Problem to solve: Using the entries that follow, write out the line containing "FamousKin.com", the line containing "Jocelyn Mary Wilson", and every line between them, exactly and nothing else.
------------------------------
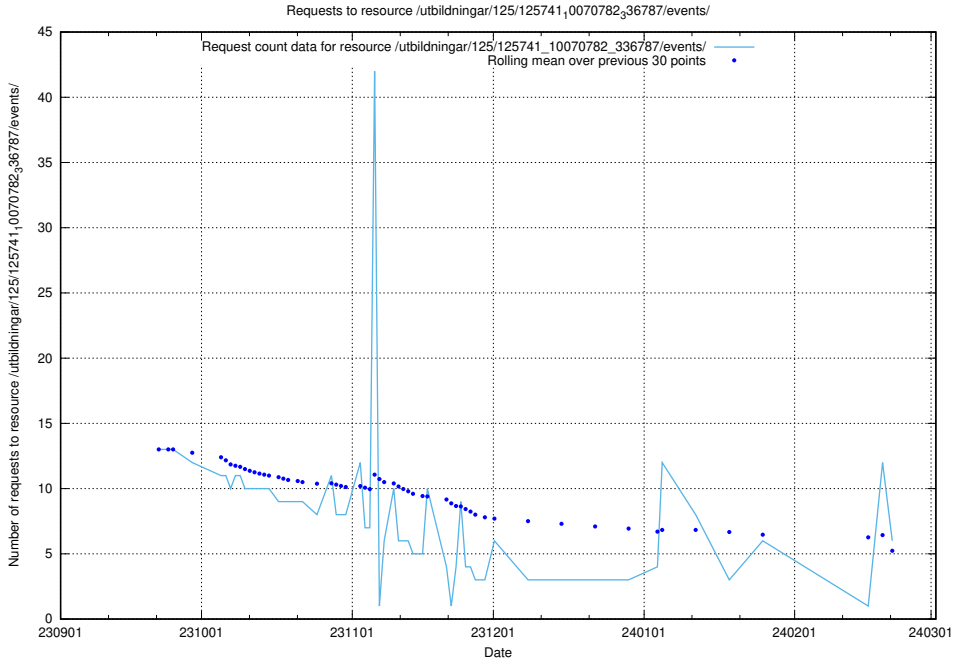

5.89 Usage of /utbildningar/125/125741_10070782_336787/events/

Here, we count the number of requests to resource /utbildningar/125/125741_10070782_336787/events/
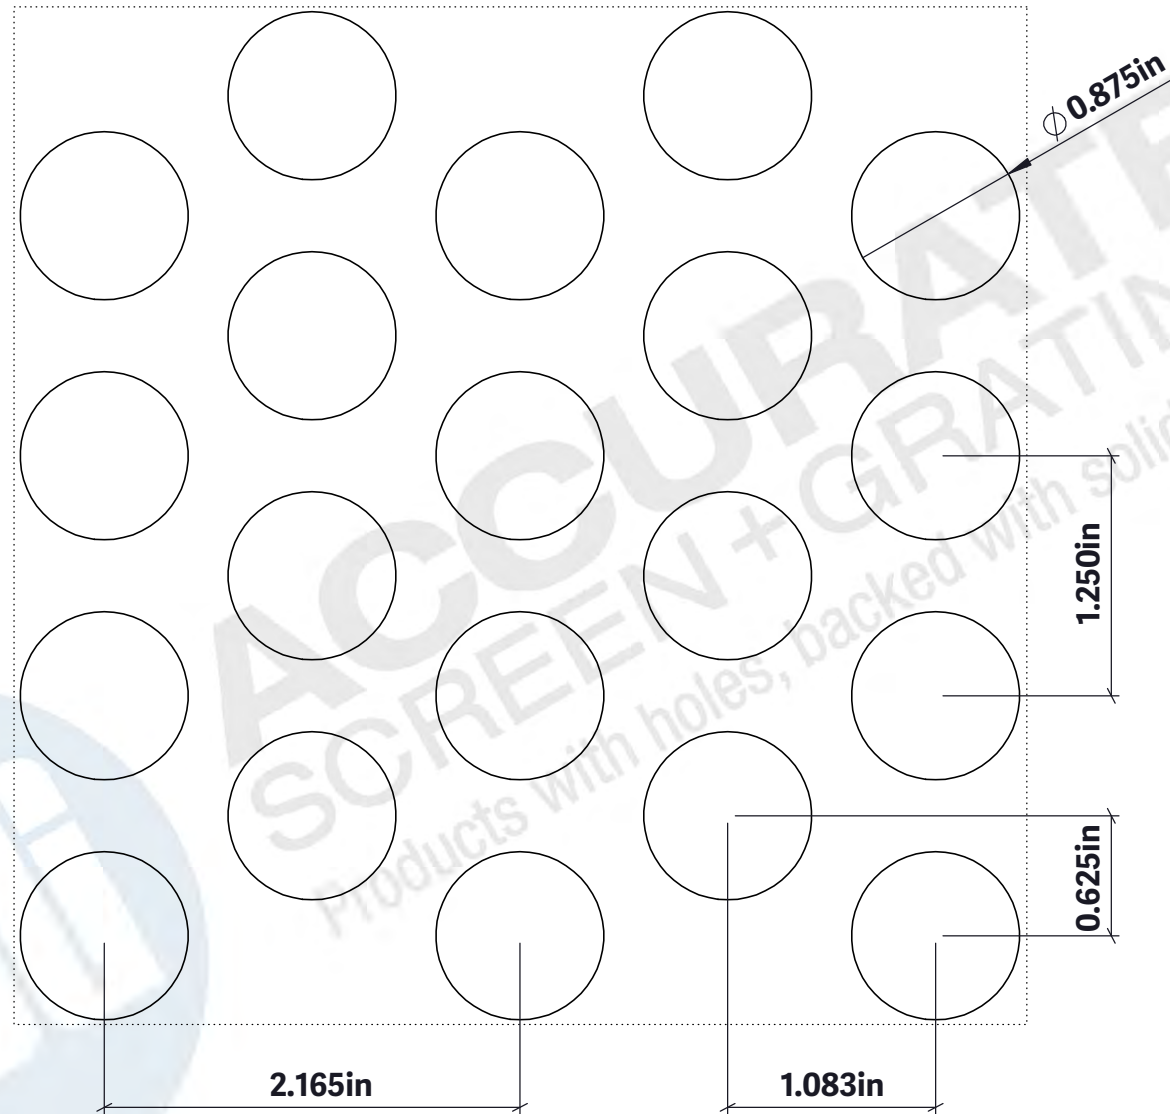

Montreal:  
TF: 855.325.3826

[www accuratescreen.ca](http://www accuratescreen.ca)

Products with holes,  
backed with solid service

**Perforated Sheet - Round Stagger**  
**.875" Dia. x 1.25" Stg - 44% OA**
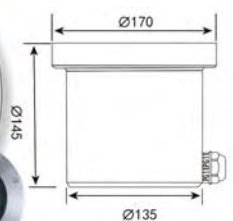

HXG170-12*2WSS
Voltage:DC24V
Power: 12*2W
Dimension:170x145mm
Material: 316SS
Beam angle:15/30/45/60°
------------------------------
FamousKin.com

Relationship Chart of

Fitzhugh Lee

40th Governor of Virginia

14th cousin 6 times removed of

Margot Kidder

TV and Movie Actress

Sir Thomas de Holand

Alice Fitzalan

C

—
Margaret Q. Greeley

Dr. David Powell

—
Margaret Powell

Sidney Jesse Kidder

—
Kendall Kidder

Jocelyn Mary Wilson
------------------------------
Response:
FamousKin.com

Relationship Chart of

Fitzhugh Lee

40th Governor of Virginia

14th cousin 6 times removed of

Margot Kidder

TV and Movie Actress

Sir Thomas de Holand

Alice Fitzalan

C

—
Margaret Q. Greeley

Dr. David Powell

—
Margaret Powell

Sidney Jesse Kidder

—
Kendall Kidder

Jocelyn Mary Wilson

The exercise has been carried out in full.